In fact, I might encourage Gabe to keep watching this show well into his teens in the hopes that he’ll want to become fluent in the language. It can only improve out odds of surviving when our new Chinese Overlords take control. Besides encouraging my child to develop the language skills that I’m too thick-headed and, let’s face it, lazy to learn myself, I’ve also been boning up on Chinese history for about two decades now by playing the Romance of the Three Kingdoms line of video games. This might not help me bridge any language barriers, but it might give me a few odds and ends of ancient Chinese trivia to break the ice at a Revolution Party. “How about that Guan Yu, eh? Some Tiger General, that one!” And then, obviously, we could delve into Taoist theory from there. I’ll be in like Flynn. Or, if not, Gabe can apologize profusely for me in Mandarin for my obvious lack of any real knowledge of Chinese culture and blame it on me being a “Stupid American.” Either way, it’ll all work out thanks to my forward thinking.

Plus, let’s not forget that Asian girls are hot. So, I figure I’m only doing Gabe a favor by engendering in him a healthy appreciation for the ways of the East. I’m sure he’ll thank me for it some day.

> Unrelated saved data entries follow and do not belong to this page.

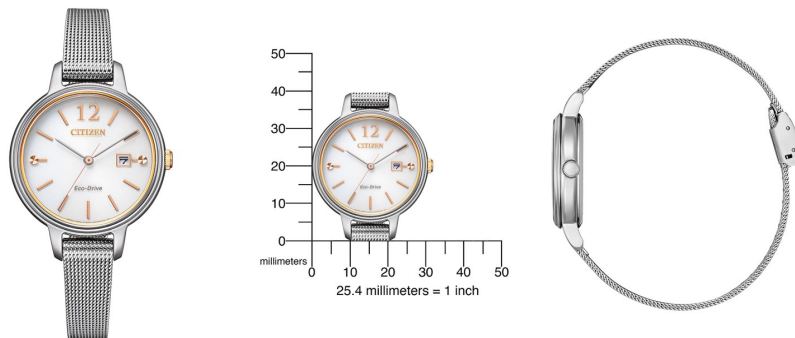

DIALANDO®

Citizen moterų laikrodis EW2449-83A Specifikacijos

PIRKTI DABAR

Šiame dokumente pateikiamos visos Citizen Eco-Drive Elegance EW2449-83A moterų laikrodis specifikacijos. Mes, **DIALANDO®** laikrodžių **parduotuvė**, siūlome didelį autentiškų laikrodžių pasirinkimą iš geriausių pasaulio laikrodžių prekių ženklų. <https://www.dialando.lt/>

PRODUCT INFORMATION

EAN (Europos prekių numeris)	4974374304261
Lytis	Moterys
Garantija [years]	2

PRODUCT EXECUTION

Display Type	Analogue
Judėjimo tipas	Kvarcas (Saulės)

MEASURES

Kūno plotis [mm]	31
------------------	----

MATERIAL & COLOUR

Diržo medžiaga	Nerūdijantis plienas
Diržo spalva	Silver
Rodyklių spalva	Balta
Stiklas	Safyro stiklas

DETAILS

Clasp	Clip clasp
Vandeniui atsparus	5 ATM

And here's a little video of Gabe playing with an entire roll of scotch tape. We didn't have enough memory to record the entire event, but, eventually, he had the roll completely depleted and its contents wadded into a Gordion knot on his tray. This was mildly amusing, but secretly we were hoping he'd get himself entirely wrapped up in the stuff. That would have been movie gold. It did manage to keep him occupied for about ten minutes, though, while I made dinner. So that was nice.